§ **The problem**: Look through the records below for lines containing the string "Scorecard", and report how many there are, nothing else.

Extracted records
--*--
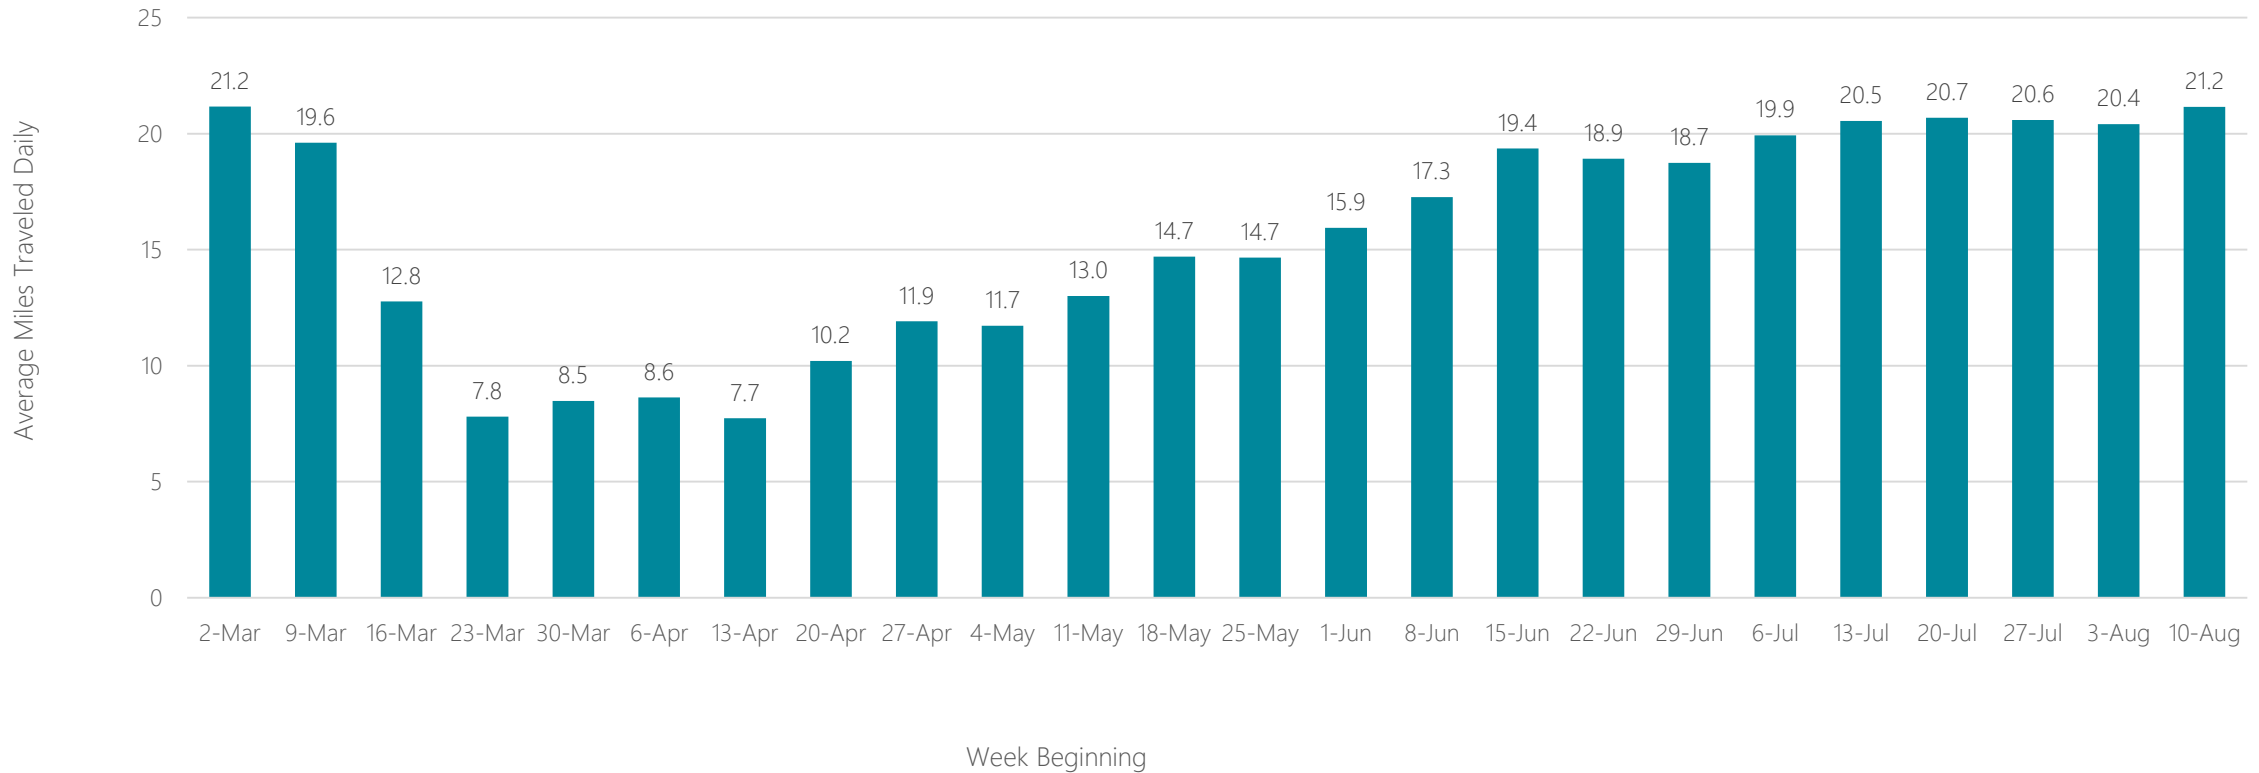

DMA Report

COVID-19 – Average Daily Miles Traveled Report

Updated 8/24/20

Abilene-Sweetwater

Average Miles Traveled Daily Weekly Trend

Albany, NY

Average Miles Traveled Daily Weekly Trend

Albany, GA
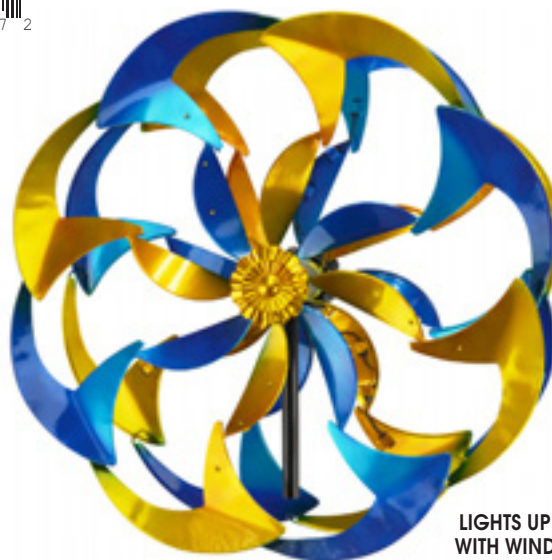

LIGHTS UP YELLOW WITH WIND POWER!
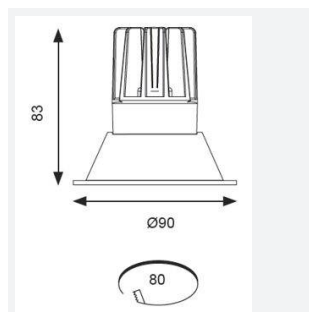

PRODUCT FEATURES

- IP44 (downlight only) compact high performance architectural downlight and gimbal suitable for commercial, hospitality and retail applications
- Die-cast aluminium construction, powder coated and 30° cut-off angle
- Anti-glare design to create visual comfort
- Powered by Tridonic
- 30° tilt angle (gimbal only)
- Mirror finished anodized reflector
- Remote driver with plug and play connection

GENERAL INFORMATION	
Wattage	15W
Lumens Delivered	800lm
Lm/W	55lm/W
Beam Angle	55
CRI	90
CCT	3000K
Input	220/240V
Operating Temp	0°C - 25°C
SDCM	3
UGR	19
Cut-Out Size	80mm
Product Weight without Packaging	0.505 kg

TECHNICAL INFORMATION	
Light Source	LED
Colour / Finish	White
IP Rating	IP44
Class Protection	2
Internal / External	Internal
Surface / Recessed / Suspended	Recessed
Lumen Depreciation	L70 50,000h
Warranty (Years)	5
CE Mark	Yes
Diameter	90 mm
Height	83 mm
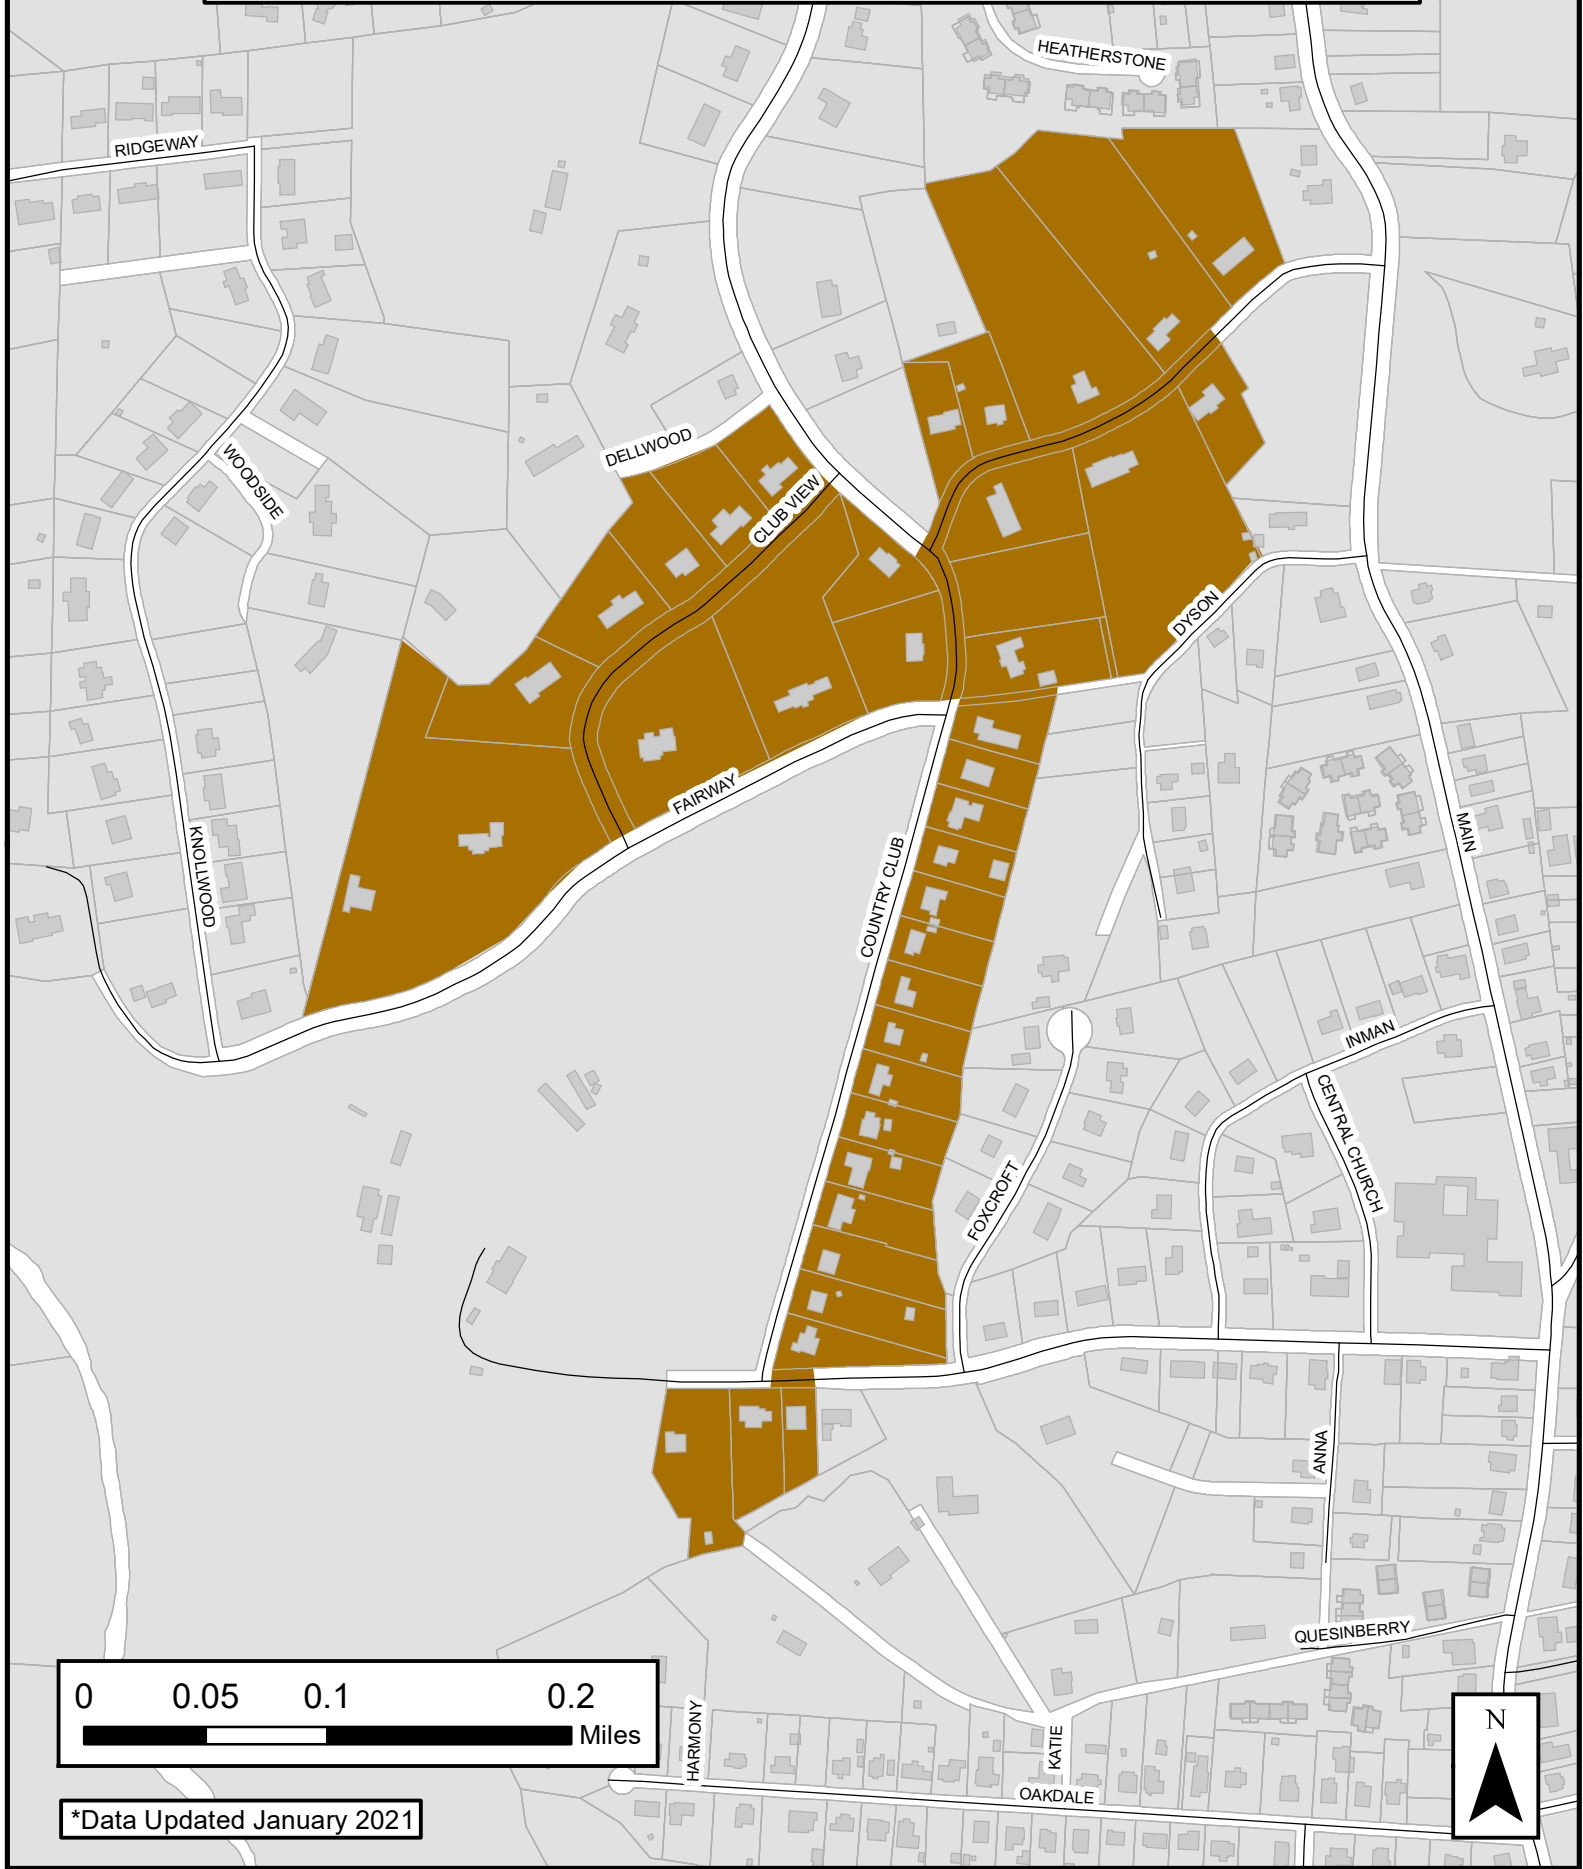

City of Mount Airy Country Club Estates National Historic District

*Data Updated January 2021
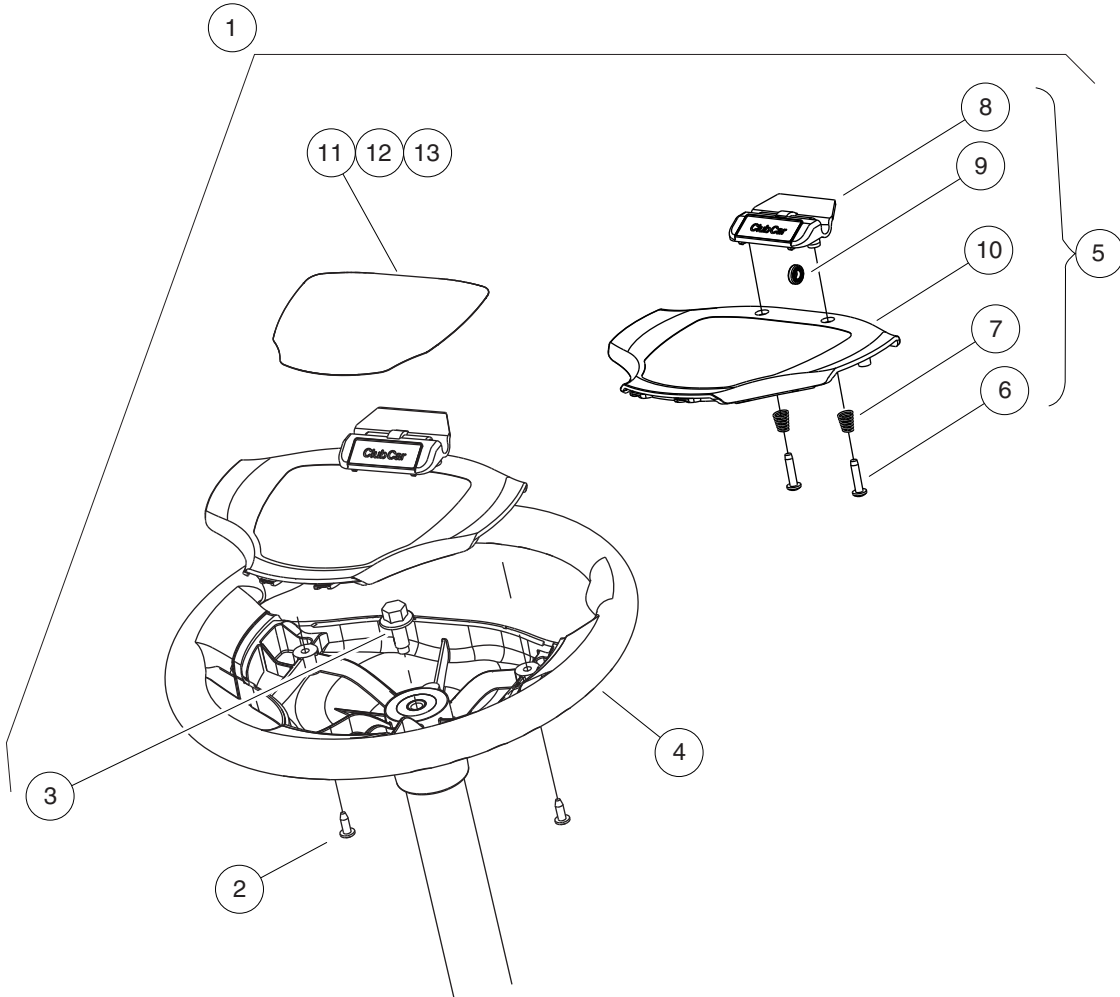

7
G
E

000470-002

STEERING WHEEL, COMFORT GRIP WITH CLIP

ITEM	PART NO.	DESCRIPTION	QTY
		1 2 3 4	
1	103796701	Kit, Hex, Steering Wheel (includes items 2 through 13)	1
2	101850301	Screw, #12-16 X 0.50 Washer-Head Hi-Lo	2
3	102290120	Bolt, M10 X 20 Hex Washer Hd	1
4	103724503	Steering Wheel, Soft Grip, Hex	1
5	103724901	Asm, Scorecard, Clip (includes items 6 through 10)	1
6	1012565	Screw, #12 Phillips Round Head	2
7	1012566	Tapered Compression Spring	2
8	1016154	Clip, Scorecard	1
9	1016214	Pencil Grip	1
10	103724601	Cover, Steering Wheel, Clip	1
11	103783001	Decal, Op Instr, Ele	1
12	103783002	Decal, Op Instr, Gas Ps	1
13	103783003	Decal, Op Instr, Gas Ks	1
Note: Refer to the Decal section of this manual or to the applicable Operator Manual for this vehicle to make sure which Operating Instructions Decal applies.			

7
G
E
--*--
§ **Task result**: 2